--- The input ---
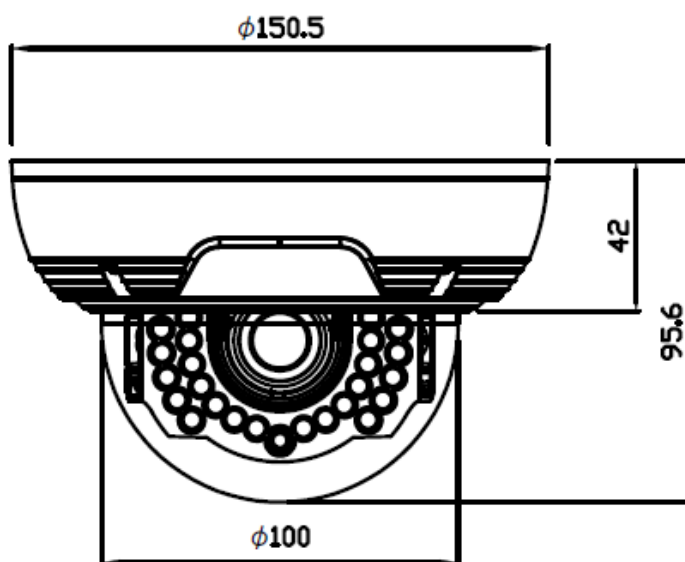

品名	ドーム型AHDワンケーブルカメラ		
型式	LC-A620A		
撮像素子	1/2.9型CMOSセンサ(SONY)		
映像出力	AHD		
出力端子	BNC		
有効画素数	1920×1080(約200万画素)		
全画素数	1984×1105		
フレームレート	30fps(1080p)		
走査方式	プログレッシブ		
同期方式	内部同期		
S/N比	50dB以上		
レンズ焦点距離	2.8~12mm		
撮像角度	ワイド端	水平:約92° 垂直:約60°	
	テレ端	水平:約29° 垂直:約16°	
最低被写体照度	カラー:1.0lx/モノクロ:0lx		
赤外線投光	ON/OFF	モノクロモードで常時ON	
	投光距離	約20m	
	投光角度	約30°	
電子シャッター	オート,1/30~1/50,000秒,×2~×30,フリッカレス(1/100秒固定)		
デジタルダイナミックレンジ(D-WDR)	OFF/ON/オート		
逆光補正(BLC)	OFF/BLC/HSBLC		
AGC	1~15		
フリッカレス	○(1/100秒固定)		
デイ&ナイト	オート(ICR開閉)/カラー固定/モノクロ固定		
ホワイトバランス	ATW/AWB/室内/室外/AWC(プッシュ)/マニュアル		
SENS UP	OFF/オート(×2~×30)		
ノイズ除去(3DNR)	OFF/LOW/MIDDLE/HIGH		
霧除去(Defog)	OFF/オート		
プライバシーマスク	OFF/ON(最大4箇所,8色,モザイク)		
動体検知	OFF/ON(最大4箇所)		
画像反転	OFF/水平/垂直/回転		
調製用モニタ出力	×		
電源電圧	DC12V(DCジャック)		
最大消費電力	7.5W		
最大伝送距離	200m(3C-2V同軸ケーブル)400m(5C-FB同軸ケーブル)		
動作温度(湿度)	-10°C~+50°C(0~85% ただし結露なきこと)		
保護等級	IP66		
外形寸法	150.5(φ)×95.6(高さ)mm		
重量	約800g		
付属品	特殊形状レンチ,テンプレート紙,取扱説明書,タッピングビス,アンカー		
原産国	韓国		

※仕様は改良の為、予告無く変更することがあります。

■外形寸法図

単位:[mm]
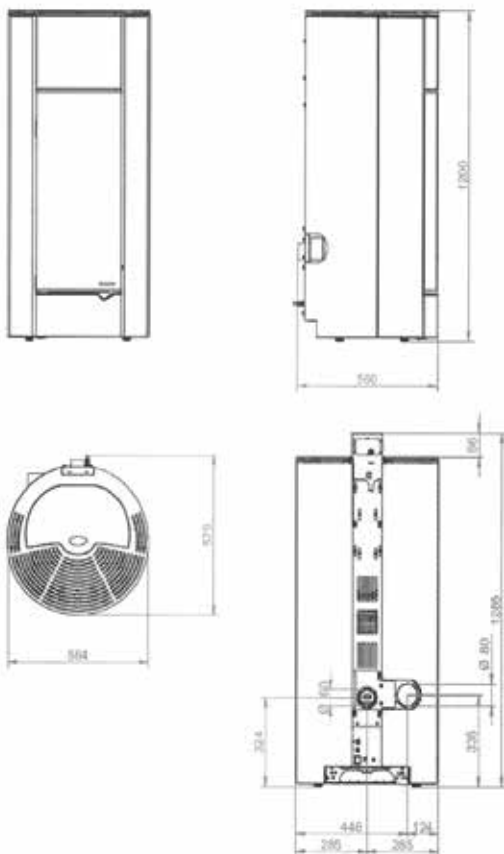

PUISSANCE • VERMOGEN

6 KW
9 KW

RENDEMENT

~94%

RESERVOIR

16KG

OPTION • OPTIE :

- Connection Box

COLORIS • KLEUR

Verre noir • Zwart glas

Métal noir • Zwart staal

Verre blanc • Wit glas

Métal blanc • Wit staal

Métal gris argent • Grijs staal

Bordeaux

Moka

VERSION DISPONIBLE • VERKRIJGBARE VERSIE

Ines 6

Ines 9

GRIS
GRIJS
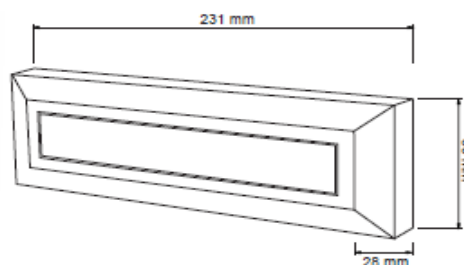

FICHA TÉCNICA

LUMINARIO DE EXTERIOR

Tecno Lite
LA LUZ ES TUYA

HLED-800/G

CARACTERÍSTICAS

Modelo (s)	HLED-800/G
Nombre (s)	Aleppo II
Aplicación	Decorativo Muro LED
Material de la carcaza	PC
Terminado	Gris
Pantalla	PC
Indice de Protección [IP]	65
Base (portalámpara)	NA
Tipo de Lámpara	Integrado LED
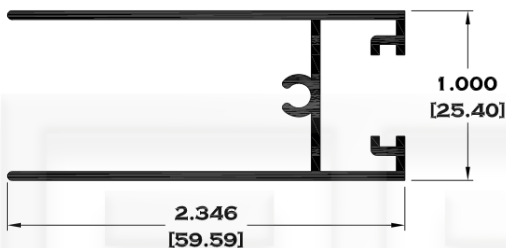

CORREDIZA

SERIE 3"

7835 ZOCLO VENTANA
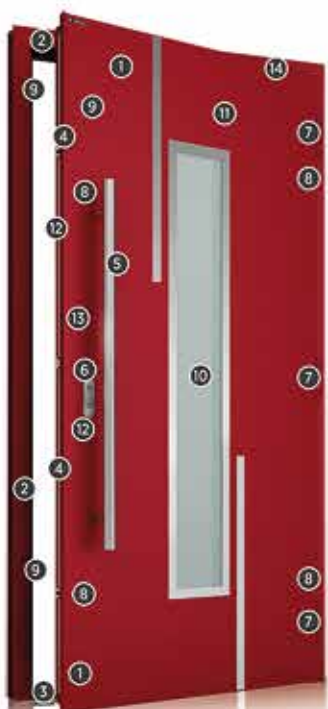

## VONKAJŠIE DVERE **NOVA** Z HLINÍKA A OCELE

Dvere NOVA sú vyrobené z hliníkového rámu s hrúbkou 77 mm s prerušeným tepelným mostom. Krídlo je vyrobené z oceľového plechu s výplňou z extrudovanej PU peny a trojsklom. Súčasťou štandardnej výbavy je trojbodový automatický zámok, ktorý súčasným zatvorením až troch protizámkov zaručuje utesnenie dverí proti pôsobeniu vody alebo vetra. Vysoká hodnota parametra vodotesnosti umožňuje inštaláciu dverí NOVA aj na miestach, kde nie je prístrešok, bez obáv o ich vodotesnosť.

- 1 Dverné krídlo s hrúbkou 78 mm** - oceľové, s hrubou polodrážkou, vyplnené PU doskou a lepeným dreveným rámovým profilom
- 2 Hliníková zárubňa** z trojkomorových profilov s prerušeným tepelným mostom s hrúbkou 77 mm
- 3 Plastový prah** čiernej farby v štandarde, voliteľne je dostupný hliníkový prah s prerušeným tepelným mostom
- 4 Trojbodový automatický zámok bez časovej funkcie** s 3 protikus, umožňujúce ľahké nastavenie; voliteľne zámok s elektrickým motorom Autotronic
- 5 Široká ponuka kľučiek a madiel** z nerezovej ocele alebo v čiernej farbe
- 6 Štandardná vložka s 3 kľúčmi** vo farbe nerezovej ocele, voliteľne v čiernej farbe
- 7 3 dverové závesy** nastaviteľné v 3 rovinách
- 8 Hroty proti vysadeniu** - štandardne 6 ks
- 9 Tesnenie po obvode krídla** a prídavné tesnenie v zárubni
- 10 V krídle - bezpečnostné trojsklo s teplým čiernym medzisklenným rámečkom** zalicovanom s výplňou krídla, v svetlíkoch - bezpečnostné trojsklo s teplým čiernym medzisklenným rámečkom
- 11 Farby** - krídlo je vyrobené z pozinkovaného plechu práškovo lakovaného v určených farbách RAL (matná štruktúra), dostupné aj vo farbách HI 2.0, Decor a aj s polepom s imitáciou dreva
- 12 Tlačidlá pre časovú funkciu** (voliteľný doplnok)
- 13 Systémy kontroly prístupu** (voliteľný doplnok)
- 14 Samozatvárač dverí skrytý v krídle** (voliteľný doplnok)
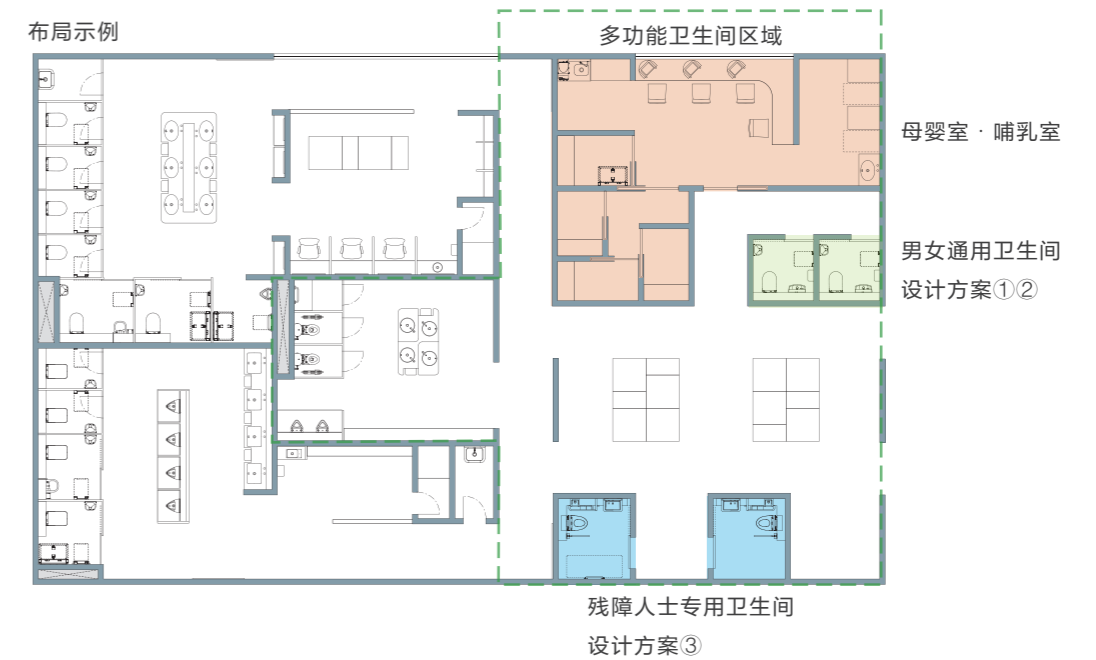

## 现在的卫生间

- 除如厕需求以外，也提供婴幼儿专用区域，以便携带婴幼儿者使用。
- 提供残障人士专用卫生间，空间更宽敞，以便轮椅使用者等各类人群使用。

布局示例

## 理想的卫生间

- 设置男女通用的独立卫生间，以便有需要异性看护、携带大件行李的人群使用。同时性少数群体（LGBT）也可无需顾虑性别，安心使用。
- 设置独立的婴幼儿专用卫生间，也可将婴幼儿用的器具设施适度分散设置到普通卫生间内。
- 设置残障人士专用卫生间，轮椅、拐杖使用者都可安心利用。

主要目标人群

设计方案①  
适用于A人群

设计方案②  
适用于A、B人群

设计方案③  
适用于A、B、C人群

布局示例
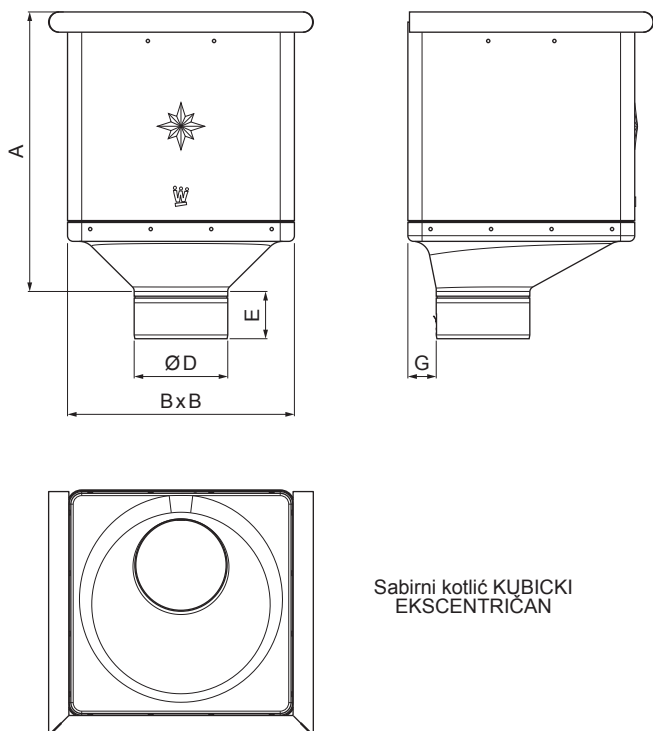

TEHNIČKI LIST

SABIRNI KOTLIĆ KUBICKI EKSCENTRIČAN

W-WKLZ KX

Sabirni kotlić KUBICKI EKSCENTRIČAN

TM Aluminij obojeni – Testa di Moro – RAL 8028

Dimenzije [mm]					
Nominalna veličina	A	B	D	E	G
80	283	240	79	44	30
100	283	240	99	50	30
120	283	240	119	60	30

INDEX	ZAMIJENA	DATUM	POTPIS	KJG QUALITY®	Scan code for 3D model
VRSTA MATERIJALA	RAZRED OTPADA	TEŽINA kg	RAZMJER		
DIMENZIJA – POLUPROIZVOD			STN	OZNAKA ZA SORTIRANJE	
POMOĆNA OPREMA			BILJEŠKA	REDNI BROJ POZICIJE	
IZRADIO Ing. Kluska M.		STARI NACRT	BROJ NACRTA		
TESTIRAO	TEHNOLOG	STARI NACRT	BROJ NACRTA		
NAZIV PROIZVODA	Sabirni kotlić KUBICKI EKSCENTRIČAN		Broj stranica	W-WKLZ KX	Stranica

--- Instructions to follow ---
Filter the material for the word "NACRTA" and copy each matching line.

--- Expected output ---
IZRADIO Ing. Kluska M.		STARI NACRT	BROJ NACRTA		
TESTIRAO	TEHNOLOG	STARI NACRT	BROJ NACRTA		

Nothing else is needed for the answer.